## Exercise aim
Nothing but the text of the records belongs in your answer: repeat all of it exactly and leave out the images.

## Supplied records
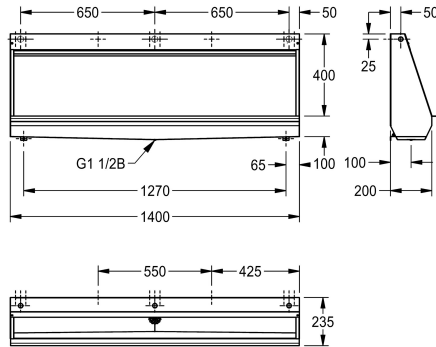

KWC CAMPUS

Row urinal

Modell-Linie: **CAMPUS | CMPX552GE**

WCs and urinals | Trough urinal

KWC-No.

2030020113

Dimensions 1200 x 515 x 235 mm (W x H x D)

2030020114

Width 1400 mm

2030020115

Width 1800 mm

2030020116

Width 2100 mm

2030020117

Width 2400 mm

overall width

1,200 mm

1,400 mm

1,800 mm

2,100 mm

2,400 mm

Urinal slab, stainless steel AISI 316Ti, surface satin finished, material thickness 1 mm, flushing water demand 0,15l/sm, with covered flush pipe. Middle positioned slanted waste G1 1/2 B for connection to the syphon, including wall fixing brackets and

mounting set.

Dimension 1400 x 515 x 235 mm (W x H x D)

Technical Data

| |
|--------------------|
| inlet size |
| material |
| material code |
| material thickness |
| outlet size |
| overall depth |
| overall height |
| overall width |
| siphon included |
| surface finish |
| type of flushing |
| type of mounting |
| type of urinal |
| type of waste kit |
| water inlet |
| water outlet |
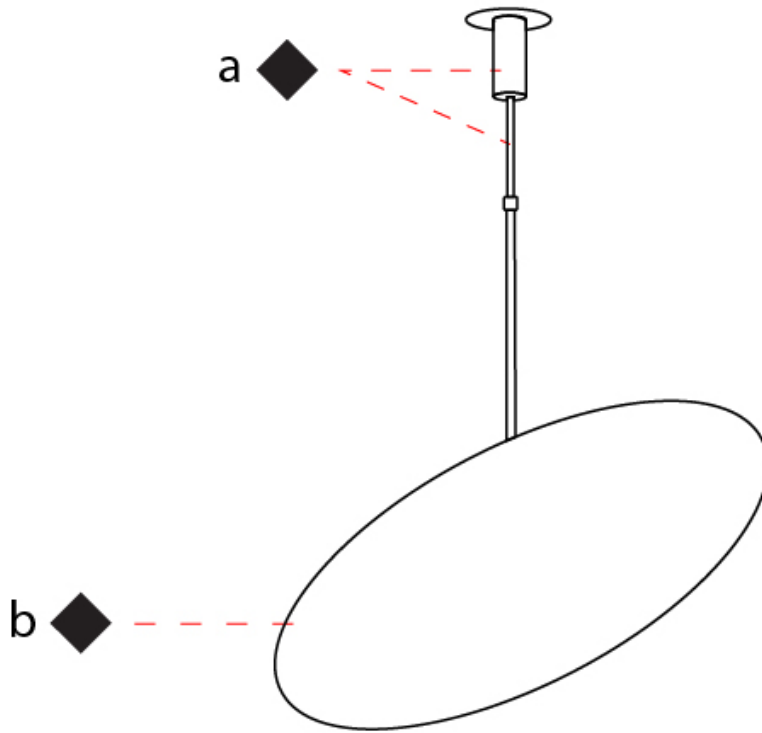

HOOP SUSPENSION

D51000-

PROJECT

TYPE

SPECIFIER

QUANTITY

DATE

D

## Task response
KWC CAMPUS

Row urinal

Modell-Linie: **CAMPUS | CMPX552GE**

WCs and urinals | Trough urinal

KWC-No.

2030020113

Dimensions 1200 x 515 x 235 mm (W x H x D)

2030020114

Width 1400 mm

2030020115

Width 1800 mm

2030020116

Width 2100 mm

2030020117

Width 2400 mm

overall width

1,200 mm

1,400 mm

1,800 mm

2,100 mm

2,400 mm

Urinal slab, stainless steel AISI 316Ti, surface satin finished, material thickness 1 mm, flushing water demand 0,15l/sm, with covered flush pipe. Middle positioned slanted waste G1 1/2 B for connection to the syphon, including wall fixing brackets and

mounting set.

Dimension 1400 x 515 x 235 mm (W x H x D)

Technical Data

| |
|--------------------|
| inlet size |
| material |
| material code |
| material thickness |
| outlet size |
| overall depth |
| overall height |
| overall width |
| siphon included |
| surface finish |
| type of flushing |
| type of mounting |
| type of urinal |
| type of waste kit |
| water inlet |
| water outlet |

HOOP SUSPENSION

D51000-

PROJECT

TYPE

SPECIFIER

QUANTITY

DATE

D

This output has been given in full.